En effet, bien que des progrès non négligeables aient été réalisés dans le pays depuis de nombreuses années : prise en charge gratuite des personnes vivant avec le VIH (analyses médicales et traitement antirétroviral-ARV), généralisation de la prévention de la transmission mère-enfant du VIH, diminution de la séroprévalence générale du VIH (3,5% en 2016 versus 4,9% en 2011) ; l’ « Objectif zéro », à savoir ‘zéro nouvelle infection’ due au VIH, ‘zéro discrimination’ et ‘zéro décès’ lié au VIH-SIDA, n’est pas encore atteint.
En 2016-2017, la séroprévalence du VIH chez les 15-49 ans étant de 3,7%.
Dans le cadre de l’accélération de la lutte contre le VIH-SIDA en RCA, la campagne de la JMS Edition 2017, consistera à réduire la propagation de l’infection à VIH en vue de mettre réellement fin à l’épidémie du VIH-SIDA d’ici 2030, notamment par le renforcement de la prévention du VIH : activités de sensibilisation et de dépistage volontaire du VIH.
A cet effet, l’Institut Pasteur de Bangui (IPB), partenaire du CNLS et du Ministère de la Santé, a prévu de réitérer son activité de diagnostic massif du VIH comme cela avait été réalisé l’année dernière, c’est-à-dire dépister plus de 1.000 personnes résidant à Bangui, capitale de la RCA.

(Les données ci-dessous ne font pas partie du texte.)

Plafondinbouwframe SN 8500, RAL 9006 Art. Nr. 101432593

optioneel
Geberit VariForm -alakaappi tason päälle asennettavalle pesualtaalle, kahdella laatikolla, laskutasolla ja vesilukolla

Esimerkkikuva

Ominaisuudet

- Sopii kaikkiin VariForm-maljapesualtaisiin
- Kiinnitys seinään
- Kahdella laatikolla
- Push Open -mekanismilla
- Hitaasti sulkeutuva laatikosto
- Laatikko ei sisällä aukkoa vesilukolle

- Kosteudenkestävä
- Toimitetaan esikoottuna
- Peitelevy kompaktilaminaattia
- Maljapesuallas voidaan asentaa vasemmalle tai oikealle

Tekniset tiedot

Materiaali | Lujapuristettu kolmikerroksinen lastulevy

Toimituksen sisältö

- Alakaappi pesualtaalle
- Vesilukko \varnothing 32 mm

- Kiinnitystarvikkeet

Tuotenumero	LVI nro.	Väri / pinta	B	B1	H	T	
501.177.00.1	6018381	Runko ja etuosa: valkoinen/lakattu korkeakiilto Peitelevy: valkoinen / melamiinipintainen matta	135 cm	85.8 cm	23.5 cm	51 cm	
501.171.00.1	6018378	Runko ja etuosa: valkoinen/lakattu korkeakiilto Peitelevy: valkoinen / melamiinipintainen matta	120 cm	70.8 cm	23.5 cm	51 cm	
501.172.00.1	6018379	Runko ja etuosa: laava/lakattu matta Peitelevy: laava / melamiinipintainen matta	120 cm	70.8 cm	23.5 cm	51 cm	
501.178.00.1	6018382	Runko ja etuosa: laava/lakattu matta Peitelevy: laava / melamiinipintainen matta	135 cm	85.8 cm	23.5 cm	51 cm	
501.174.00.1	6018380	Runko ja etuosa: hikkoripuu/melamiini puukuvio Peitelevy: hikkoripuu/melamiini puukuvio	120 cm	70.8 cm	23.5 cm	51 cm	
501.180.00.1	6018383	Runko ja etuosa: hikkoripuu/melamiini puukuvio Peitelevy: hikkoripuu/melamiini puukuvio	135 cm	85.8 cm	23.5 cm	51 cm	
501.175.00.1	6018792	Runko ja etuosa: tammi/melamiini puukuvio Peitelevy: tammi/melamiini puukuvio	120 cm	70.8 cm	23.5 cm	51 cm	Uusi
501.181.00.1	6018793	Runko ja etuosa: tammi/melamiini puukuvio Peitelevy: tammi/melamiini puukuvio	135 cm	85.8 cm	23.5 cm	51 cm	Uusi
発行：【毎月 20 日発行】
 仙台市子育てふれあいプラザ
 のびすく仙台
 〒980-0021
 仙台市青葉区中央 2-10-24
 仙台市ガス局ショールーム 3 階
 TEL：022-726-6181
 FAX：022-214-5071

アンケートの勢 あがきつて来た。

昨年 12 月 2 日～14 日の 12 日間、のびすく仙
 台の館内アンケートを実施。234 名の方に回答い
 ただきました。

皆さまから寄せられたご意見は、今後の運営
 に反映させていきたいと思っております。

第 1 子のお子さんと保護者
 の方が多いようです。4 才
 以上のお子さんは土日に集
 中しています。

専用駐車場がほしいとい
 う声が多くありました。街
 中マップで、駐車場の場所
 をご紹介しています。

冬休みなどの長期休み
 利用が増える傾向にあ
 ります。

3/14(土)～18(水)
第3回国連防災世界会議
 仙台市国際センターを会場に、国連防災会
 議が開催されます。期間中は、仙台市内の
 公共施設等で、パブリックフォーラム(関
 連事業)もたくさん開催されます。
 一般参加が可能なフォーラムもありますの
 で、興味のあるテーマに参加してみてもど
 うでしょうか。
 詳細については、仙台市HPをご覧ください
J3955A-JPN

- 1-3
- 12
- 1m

Des bons de diagnostic sérologique du VIH seront distribués par le CNLS pour un dépistage volontaire gratuit au Laboratoire d’Analyses Médicales (LAM) de l’IPB.

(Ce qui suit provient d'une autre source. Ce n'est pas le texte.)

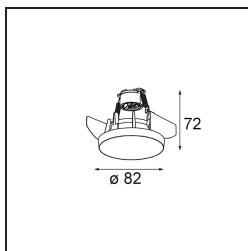

Date
Client
Projet
Type

*Smart Kup Recessed 82 1x For Tube/Box GU10 Black Structure*

**Caractéristiques**

Matériaux	12480232
Type de Source Lumineuse	GU10
Durée de Vie	L80B20 à 50 000 heures
Ampoule incluse	Non
Nombre de Sources Lumineuses	1
Direction de la Lumière	Bas
Optique	Réflecteur
Tension d'Entrée	230 V
Classe Électrique	I
Indice de protection IP	20
Essai au fil incandescent (°C)	960
Intérieur/extérieur	Intérieur
Application	Plafond, Mur
Montage	Encastré
Ajustabilité	Not Applicable
Distance avec l'Objet Éclairé (m)	0,1
Couleur Principale & Finition Principale	Noir, Structure
Poids brut (g)	125,0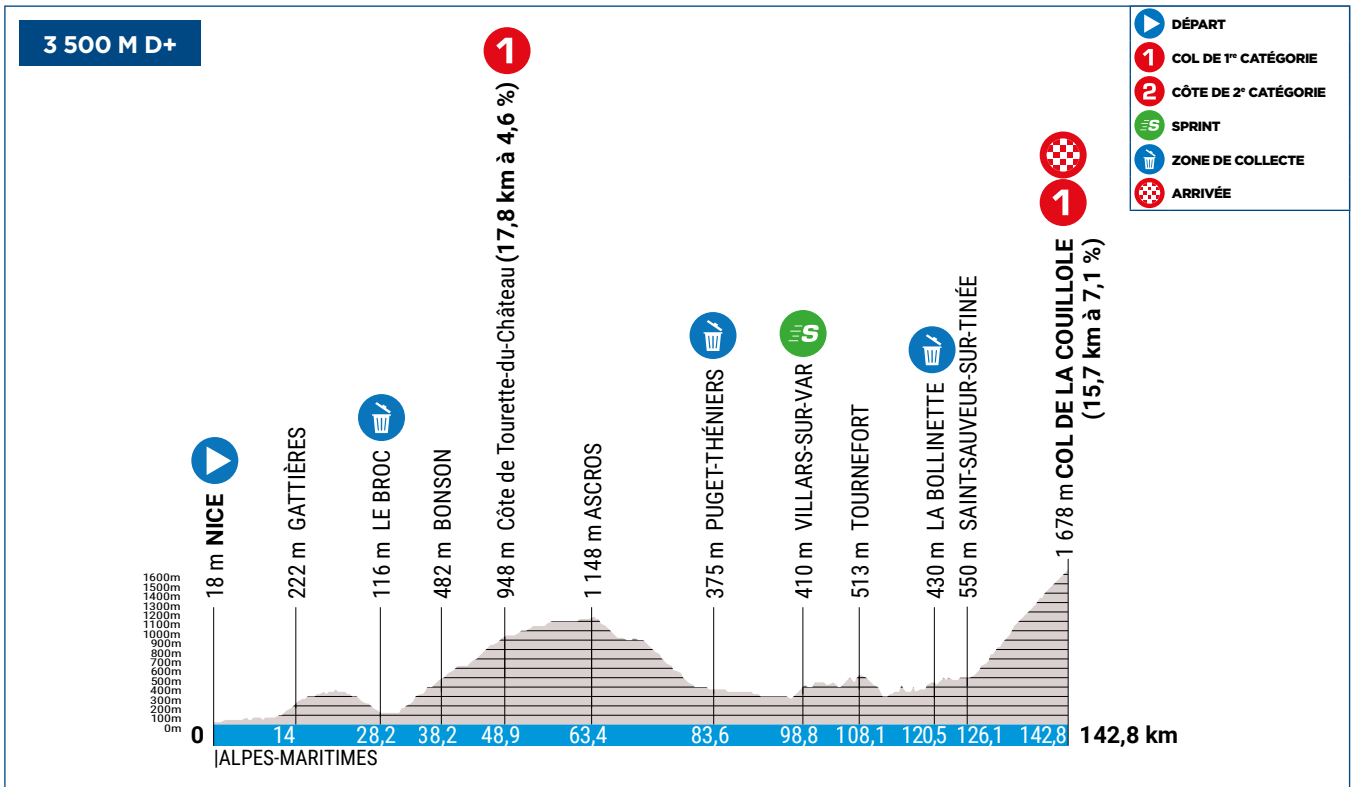

PROFILS

▶ NICE 06 🏁 COL DE LA COUILLOLE 06

SAMEDI 11 MARS

ÉTAPE 7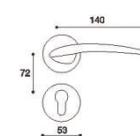

Modèle: R02122 GABRIELLE
Matière principale: zamak

Matériel de surface	code
doré	0337430320737
chromé	0337120320733
nickel brossé brillan	0337470320735
noir	0337460320738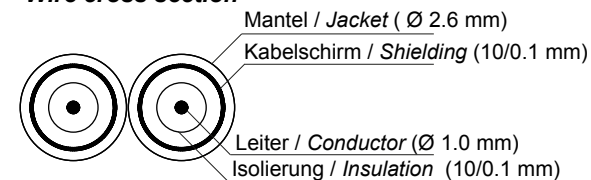

3.5 mm Klinkestecker /  
3.5 mm jack plug

2x Cinch-Buchse /  
2x RCA socket

**Aderquerschnitt /  
Wire cross section**

Artikel-Nr. / Article No.	Länge / length (L)
50116	1500 ± 30 mm
50600	200 ± 15 mm

**Audio Kabeladapter 3,5 mm;  
Stecker zu stereo Cinch Buchse**

L’IPB est totalement impliqué dans la lutte contre l’infection à VIH-SIDA par ses activités d’appui à la santé publique et par ses activités de recherche médicale. Notamment en faisant progresser les connaissances sur le VIH, telles que l’identification des différentes souches du VIH circulant en RCA depuis une décennie et l’identification des résistances primaires ou secondaires du VIH aux ARV chez les PVVIH nouvellement mises sous trithérapie ARV. Ces connaissances sont importantes pour un bon suivi clinique et virologique des PVVIH.

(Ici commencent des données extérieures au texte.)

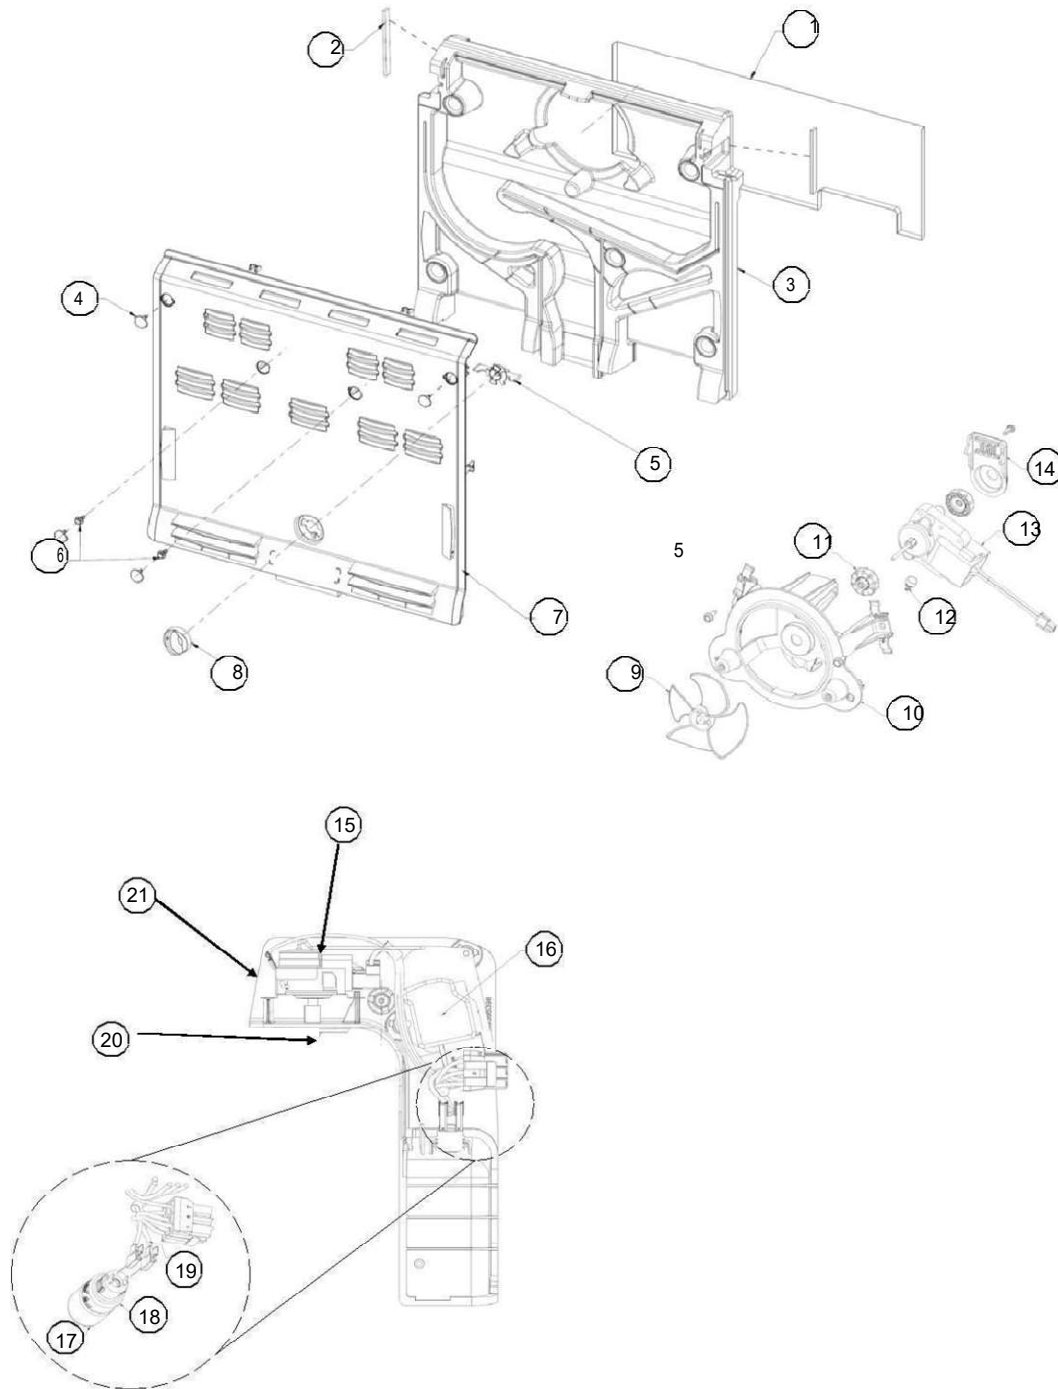

REFRIGERADOR WT4030D02

Marca	Whirlpool
Capacidad	14 pies
Color	Apollo Grey

Gabinete

REFRIGERADOR WT4030D02

Marca		Whirlpool	
Capacidad		14 pies	
Color		Apollo Grey	
Gabinete			
R e f	Descripción	C a n t	Numero de Parte
1	Cabinet Parts	*	*****
2	Screw	*	*****
3	Cover, Hinge	*	*****
4	Hinge, top	1	W10346928
5	Filler, Corner (Izquierda)	1	W10516216
	Filler, Corner (Derecha)	1	W10516210
6	Washer	1	487576
7	Hinge, Center	1	W10492014
8	Washer	1	489341
9	Hinge-Pin, Bottom	1	W10638688
10	Hinge-Butt, Bottom	1	W10621245
11	Leg Leveler	2	W10340017

REFRIGERADOR WT4030D02

Marca	Whirlpool
Capacidad	14 pies
Color	Apollo Grey

Sistema Flujo de Aire

REFRIGERADOR WT4030D02

Marca		Whirlpool	
Capacidad		14 pies	
Color		Apollo Grey	
Liner			
R e f	Descripción	C a n t	Numero de Parte
1	Shield, Plenum	1	W10345816
2	Foam Seal	*	*****
3	Evaporator, Back Cover	1	W10420509
4	Screw, Cover	1	W10487421
5	Flap	1	W10261263
6	Screw	*	*****
7	Cover Plastic, Plenum FC	1	W10514231
8	Knob, Freezer Control	1	W10465177
9	Fan Blade	1	2200509
10	Frame, Fan Motor	1	W10261254
11	Grommet	1	W10225833
12	Cushiong, Jamb-Damping	1	W10225835
13	Evaporator Fan, Motor	1	W10253821
14	Motor, Support	1	W10251274
15	Thermostat	1	W10530058
16	Defrost, Timer	1	W10844633
17	Light 25 Watts	1	W10809513
18	Lampholder	1	W10545295
19	Wire, Control Box	1	W10412780
20	Knob, Refrigerator Control	1	W10465179
21	Control Box	1	W10358069

En 2016, la RCA s’était alignée sur la stratégie « 90-90-90 » de l’ONUSIDA qui stipule qu’à l’horizon 2020, 90% des personnes séropositives pour le VIH doivent connaitre leur statut sérologique, 90% des personnes vivant avec le VIH (PVVIH) doivent être mises sous traitement ARV et 90% des PVVIH traitées aux ARV doivent obtenir une charge virale VIH indétectable ie nulle. C’est ainsi qu’au courant du premier semestre 2017, une nouvelle étape a été franchie en RCA avec l’intégration de la charge virale du VIH (CV VIH) dans les analyses gratuites pour les PVVIH et qui sont subventionnées par le Fonds Mondial de lutte contre le SIDA, le Paludisme et la Tuberculose. Cette analyse de CV VIH est en effet indispensable pour évaluer l’efficacité du TARV prescrit aux PVVIH.